ACTIVITY >>
Each record that follows should be repeated exactly, minus any images.

DATASET EXCERPTS >>
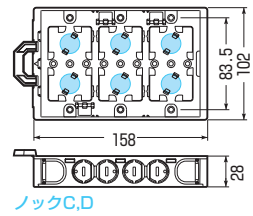

軽間ボックス® (浅形)

浅形(深さ28mm)

アルミ
箱付

SBアダプター適合

➔947・949頁

直接配管
PF16

ダ
ル
マ
穴

ホルソー
穴あけ
対応品

・軽天ビス付
(φ3.5×22)

SBS-KMA1

SBS-KMA2
・仕切板(2M-S)付

SBS-KMA3
・仕切板(2M-S)付

●深さ28mm! 薄壁に最適です。

●適合磁石 ➔950・952・953頁

NBS-1・NBS-3A・NBS-3B
NBS-40S

※図面中の●はアッターキャッチ
磁石の取り付け位置です。

■SBS-KMA1

■SBS-KMA2

■SBS-KMA3

ノック詳細 ➔870・871頁

種類	品番	管の種類別、接続可能本数(片面)									適合仕切板(品番)		入数	最小入数	希望小売価格(税抜)
		TLフレキ			PF管			CD管			上下 仕切り用	左右 仕切り用			
		14	16	22	14	16	22	14	16	22					
1ヶ用	SBS-KMA1	2	2	—	2	2	—	2	2	—	—	—	20	150	
2ヶ用	SBS-KMA2	4	2	—	2	2	—	4	2	—	—	2M-S付	10	500	
3ヶ用	SBS-KMA3	6	2	—	2	2	—	6	2	—	—	2M-S付	5	1,210	
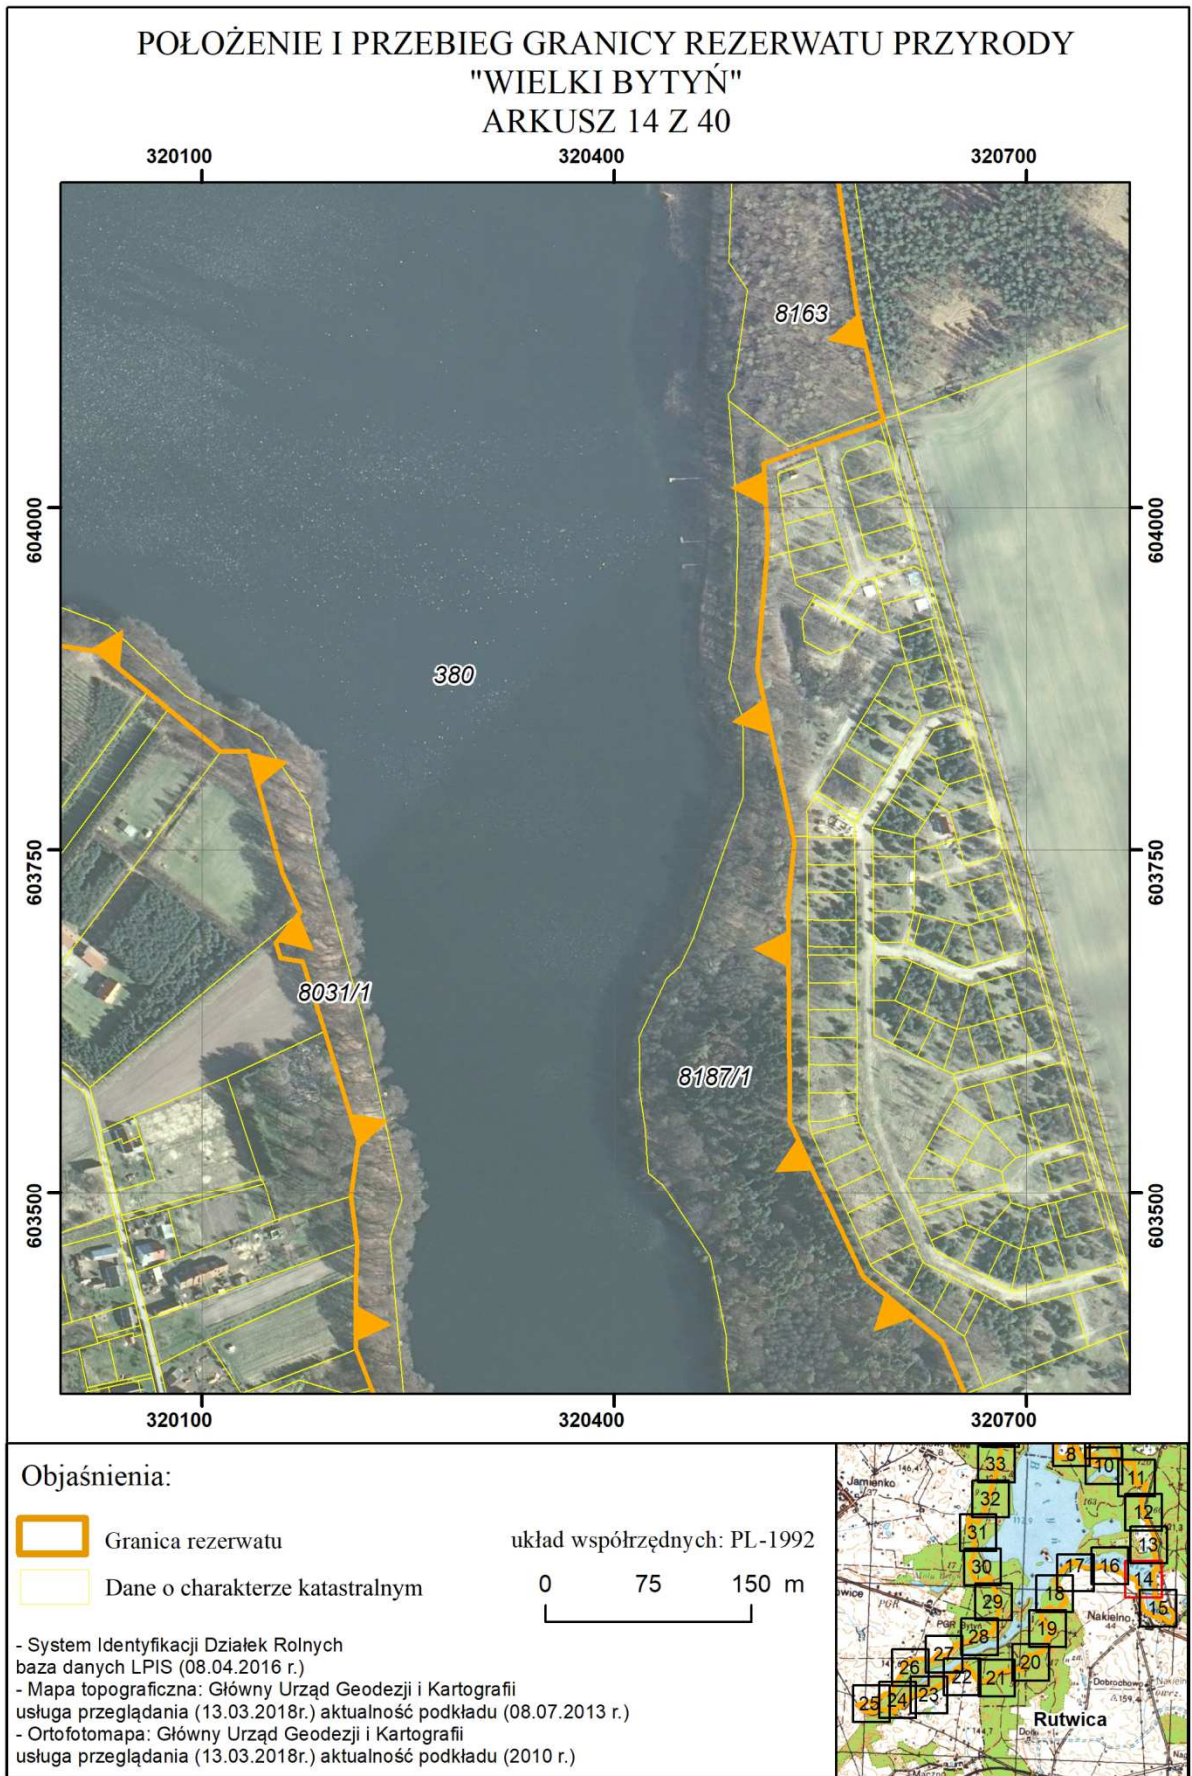

**Objaśnienia:**

- Granica rezerwatu
- Dane o charakterze katastralnym

układ współrzędnych: PL-1992

- System Identyfikacji Działek Rolnych  
baza danych LPIS (08.04.2016 r.)
- Mapa topograficzna: Główny Urząd Geodezji i Kartografii  
usługa przeglądania (13.03.2018r.) aktualność podkładu (08.07.2013 r.)
- Ortofotomapa: Główny Urząd Geodezji i Kartografii  
usługa przeglądania (13.03.2018r.) aktualność podkładu (2010 r.)

ANSWER TO THE PROBLEM >>
軽間ボックス® (浅形)

浅形(深さ28mm)

アルミ
箱付

SBアダプター適合

➔947・949頁

直接配管
PF16

ダ
ル
マ
穴

ホルソー
穴あけ
対応品

・軽天ビス付
(φ3.5×22)

SBS-KMA1

SBS-KMA2
・仕切板(2M-S)付

SBS-KMA3
・仕切板(2M-S)付

●深さ28mm! 薄壁に最適です。

●適合磁石 ➔950・952・953頁

NBS-1・NBS-3A・NBS-3B
NBS-40S

※図面中の●はアッターキャッチ
磁石の取り付け位置です。

■SBS-KMA1

■SBS-KMA2

■SBS-KMA3

ノック詳細 ➔870・871頁

種類	品番	管の種類別、接続可能本数(片面)									適合仕切板(品番)		入数	最小入数	希望小売価格(税抜)
		TLフレキ			PF管			CD管			上下 仕切り用	左右 仕切り用			
		14	16	22	14	16	22	14	16	22					
1ヶ用	SBS-KMA1	2	2	—	2	2	—	2	2	—	—	—	20	150	
2ヶ用	SBS-KMA2	4	2	—	2	2	—	4	2	—	—	2M-S付	10	500	
3ヶ用	SBS-KMA3	6	2	—	2	2	—	6	2	—	—	2M-S付	5	1,210	

**Objaśnienia:**

- Granica rezerwatu
- Dane o charakterze katastralnym

układ współrzędnych: PL-1992

- System Identyfikacji Działek Rolnych  
baza danych LPIS (08.04.2016 r.)
- Mapa topograficzna: Główny Urząd Geodezji i Kartografii  
usługa przeglądania (13.03.2018r.) aktualność podkładu (08.07.2013 r.)
- Ortofotomapa: Główny Urząd Geodezji i Kartografii  
usługa przeglądania (13.03.2018r.) aktualność podkładu (2010 r.)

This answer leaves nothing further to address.